The Obama administration on Friday ended a 33-year ban on Medicare coverage for gender reassignment surgery — a major victory for transgender rights and a decision that is likely to put pressure on more insurers to provide coverage for such services.
The ruling by a Department of Health and Human Services board was in response to a lawsuit filed last year on behalf of Denee Mallon, 74, a transgender woman and army veteran from Albuquerque.
The blanket Medicare ban was put in place in 1981 when such surgeries were considered experimental. But now most medical groups, including the American Medical Association and the American Psychological Association, consider it a safe option for those suffering from gender dysphoria, a condition that is characterized by intense discomfort — or “incongruence,” according to the official definition — with one’s birth sex.
On Friday, the independent board, whose decisions are binding on HHS, said that medical studies published over the past three decades showed that the grounds for exclusion of coverage are “not reasonable” anymore and lifted the ban.
“This is long overdue,” said Judith Bradford, co-chair of the Fenway Institute, a Boston-based research center that focuses on LGBT health. “It brings government policy in line with the science around transpeople’s health-care needs.”
Although Medicare coverage is only for people 65 and older, and the transgender population makes up only about 0.3 percent of the U.S. adult population, private insurance plans often take their cues from Medicare on what should be considered a medically necessary covered treatment. As a result, the ruling is likely to open up more options for transgender individuals.
But in some ways, the ruling was more important from a symbolic standpoint than a practical one. Medical professionals say very few people opt for surgical interventions. And the cost to insurers that offer coverage — which can be anywhere from $10,000 to $50,000 per surgery — is often negligible in relation to their entire patient pools, according to several studies.
Administration officials originally sought to overturn the ban in 2013, but the attempt prompted a backlash among social conservatives and religious groups who oppose taxpayer funding for such procedures.
Leanna Baumer, a senior legislative assistant with the Family Research Council, said that the ruling “ignores the complexity of issues” surrounding gender identity issues.
“Real compassion for those struggling with a gender identity disorder is to offer mental health treatments that help men and women become comfortable with their actual biological sex — not to advocate for costly and controversial surgeries subsidized by taxpayers,” she said.
Frank Schubert, national political director for the National Organization for Marriage, said he also objects to the decision for moral reasons and that it does not encourage children “to respect who they are, how they were born.”
One of the attorneys who worked on the case — which was filed by the American Civil Liberties Union, Gay & Lesbian Advocates & Defenders and the National Center for Lesbian Rights — said that decades of bias and prejudices have resulted in a crisis in health care for some transgender people.
“For someone who cannot get treatment, the impact can be devastating,” Jennifer Levi said. They can be depressed, have serious problems with self-esteem, and have difficulty working and forming social relationships, she added.
For many, transitioning to another gender is a lengthy and deeply private process that can take years. It often involves psychotherapy and hormone treatments while living as a member of his or her preferred gender. Some may decide for more radical changes through surgery — which can include vocal-cord modifications, breast implants and mastectomies, and modifications of sexual organs. Mallon, who was born a man, was seeking to have genital reconstruction.
Patients covered under Medicare will not be guaranteed coverage for surgeries under Friday’s decision; they will have to justify their need just as they have to for any other medical treatments. The ruling does not apply to Medicaid, the health program administered by states for low-income individuals and families.
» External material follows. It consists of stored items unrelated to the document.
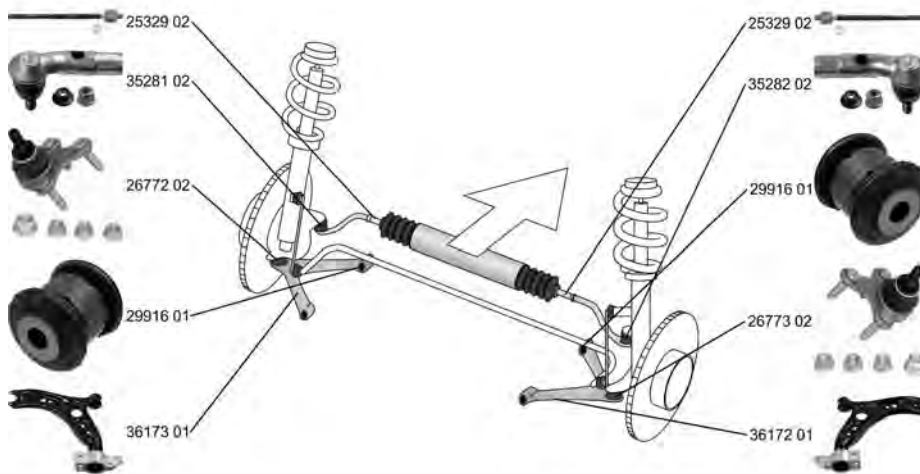

SKODA

SUPERB (3T4) 03.08 -

	Lagerung, Lenker / Control Arm-/Trailing Arm Bush für Querlenker / for control arm	(9) (186)	(x2)	29919 01 1K0 505 279 A	
	ALL TYPES ausser/except for : 2.0 TDI 16V 4x4 11.10 -				
	Lagerung, Lenker / Control Arm-/Trailing Arm Bush für Längslenker / for drag link	(9) (182)	(x2)	29920 01 1K0 505 541 C	
	ALL TYPES ausser/except for : 2.0 TDI 16V 4x4 11.10 -				
	Stange/Strebe, Stabilisator / Rod/Strut, stabiliser Pendelstange / Suspension Rod mit Zubehör / with accessories	(30) (97) (220)		26775 02 1K0 505 465 AA	
	ALL TYPES ausser/except for : 2.0 TDI 16V 4x4 11.10 -				
	Lagerung, Spurstange / Mounting, track rod	(12)	(x2)	29314 01 1K0 501 541 C	
	ALL TYPES ausser/except for : 2.0 TDI 16V 4x4 11.10 -				
	Lagerung, Spurstange / Mounting, track rod	(12)	(x2)	29921 01 1K0 505 543 A	
	ALL TYPES ausser/except for : 2.0 TDI 16V 4x4 11.10 -				

SUPERB Kombi/Estate (3T5) 10.09 -

	Spurstangenkopf / Tie Rod End Gewindemaß 1 / Thread Measurement 1: M16x1,5 Gewindemaß 2 / Thread Measurement 2: M12x1,5	(27) (63) (64)		35281 02 1K0 423 811 K		
	ALL TYPES ausser/except for : 1.9 TDI 10.09 - 11.10 2.0 TDI 16V 4x4 11.10 -		für Fahrzeuge mit elektrischer Servolenkung / for vehicles with electric power steering	(146)		
	Spurstangenkopf / Tie Rod End Gewindemaß 1 / Thread Measurement 1: M16x1,5 Gewindemaß 2 / Thread Measurement 2: M12x1,5	(27) (63) (64)		35282 02 1K0 423 812 K		
	ALL TYPES ausser/except for : 1.9 TDI 10.09 - 11.10 2.0 TDI 16V 4x4 11.10 -		für Fahrzeuge mit elektrischer Servolenkung / for vehicles with electric power steering	(146)

The federal decision comes at a time of radical change in attitudes in transgender care across the country.
California, Colorado, Connecticut, Oregon and Vermont have affirmed the idea that transition care for transgender individuals should be considered an essential part of medical coverage. In February, D.C. Mayor Vincent C. Gray (D) said the city would recognize gender dysphoria as a medical condition — effectively forcing insurers to cover gender-reassignment surgery.
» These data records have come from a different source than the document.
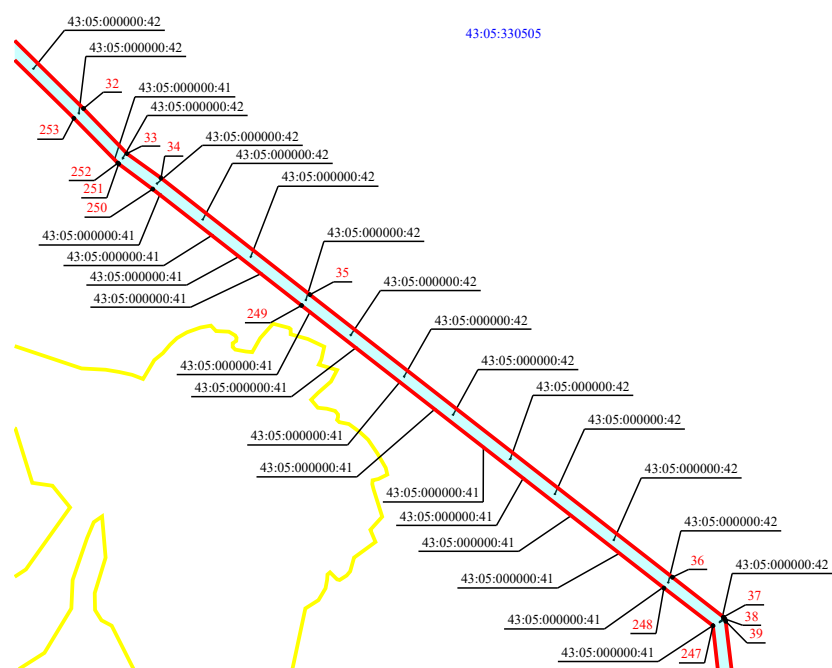

Схема публичного сервитута - ВЛ-110 кВ Омутнинск-Гарь с отпайкой на Песковку

План границ объекта

D1

43:05:310608

43:05:310608

Схема публичного сервитута - ВЛ-110 кВ Омутнинск-Гарь с отпайкой на Песковку

План границ объекта

D2

Масштаб 1:25 000

Е2

Схема публичного сервитута - ВЛ-110 кВ Омутнинск-Гарь с отпайкой на Песковку

План границ объекта

Е3

Масштаб 1:25 000

Схема публичного сервитута - ВЛ-110 кВ Омутнинск-Гарь с отпайкой на Песковку

План границ объекта

Е4

Схема публичного сервитута - ВЛ-110 кВ Омутнинск-Гарь с отпайкой на Песковку

План границ объекта

Е5

Масштаб 1:25 000

Схема публичного сервитута - ВЛ-110 кВ Омутнинск-Гарь с отпайкой на Песковку

План границ объекта

Е6

Масштаб 1:25 000

Схема публичного сервитута - ВЛ-110 кВ Омутнинск-Гарь с отпайкой на Песковку

План границ объекта

E7

Масштаб 1:25 000

E8

Private companies are also adapting their coverage. According to the Human Rights Campaign, a gay and transgender advocacy group, no Fortune 500 companies offered transgender benefits in 2002. By 2012, 19 percent did. And in 2014, the number increased to 28 percent.
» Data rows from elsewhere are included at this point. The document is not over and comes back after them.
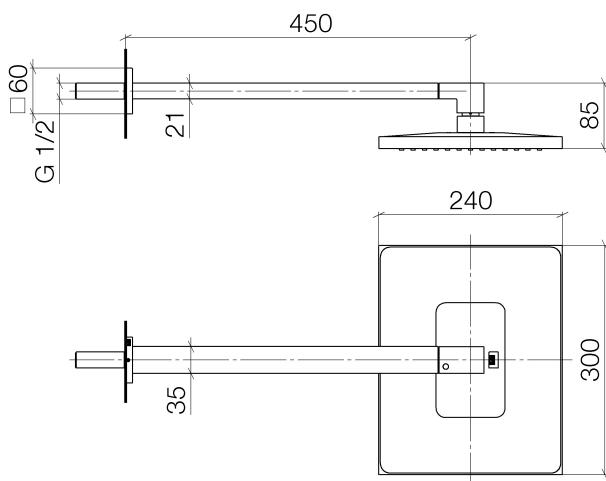

Dusche - CL.1

Regenbrause mit Wandanbindung - chrom

Artikelnummer: 28 765 980-00

- Ausladung 450 mm
- Regenstrahl
- mit Antikalk-System
- Regenbrause 300 x 240 mm
- Rosette 60 x 60 mm
- Anschluss 1/2"
- Durchfluss max. 14 l/min
- Armaturengruppe nach DIN 4109: 1
- Passt zu MEM, CL.1, Symetrics, IMO

chrom

Maßzeichnung

Alle Angaben in mm / inch = mm x 0,0394

Dusche - CL.1
Regenbrause mit Wandanbindung - chrom
Artikelnummer: 28 765 980-00

Durchflussdiagramm

Dusche - CL.1
Regenbrause mit Wandanbindung - chrom
Artikelnummer: 28 765 980-00

Empfohlenes Zubehör

35 085 970 90
UP-Wandwinkel -

Dusche - CL.1
 Regenbrause mit Wandanbindung - chrom
 Artikelnummer: 28 765 980-00

Ersatzteilstückliste

Nr.	Artikelnummer	Benennung	Verbaumenge
1	04 30 31 032 00 90	Befestigungssatz	1
2	09 30 11 160 90	Scheibe	1
3	09 31 11 084 90	Stift	2
4	09 31 11 099 90	Stift	1
5	09 27 98 016-00	Rosette	1
6	04 28 22 247 20-00	Rohr	1
7	09 14 10 011 90	Dichtung	1
8	09 31 11 040 90	Stift	1
9	90 31 20 087 00-00	Stopfen	1
10	09 31 11 036 90	Stift	1
11	09 17 01 180-00	Anschluss	1
12	04 12 05 063 00-00	Brause	1

Jamison Green, president of the World Professional Association for Transgender Health, a nonprofit educational group that works with doctors, said that while Friday’s ruling was a step in the right direction in ending discrimination in insurance coverage, there is still more work to be done.
He explained, for example, that some transgender men have had trouble getting coverage for mammograms or hysterectomies when they developed fibroids or even cancer. Green said that in some cases, the issues can be resolved by having the person change his or her official gender on paper with an insurer. But he said for some, such a requirement could be psychologically damaging, especially if the person is already struggling with sexual identity.
“The net effect is highly prejudicial,” Green said. “It is about people using the opportunity to punish transgender individuals for being different. These are the things we need to resolve.”
In a statement Friday, Mallon said that the “decision means so much to me and to many other transgender people.”
“I am relieved to know that my doctor and I can now address my medical needs,” she said, “just as other patients and doctors do.”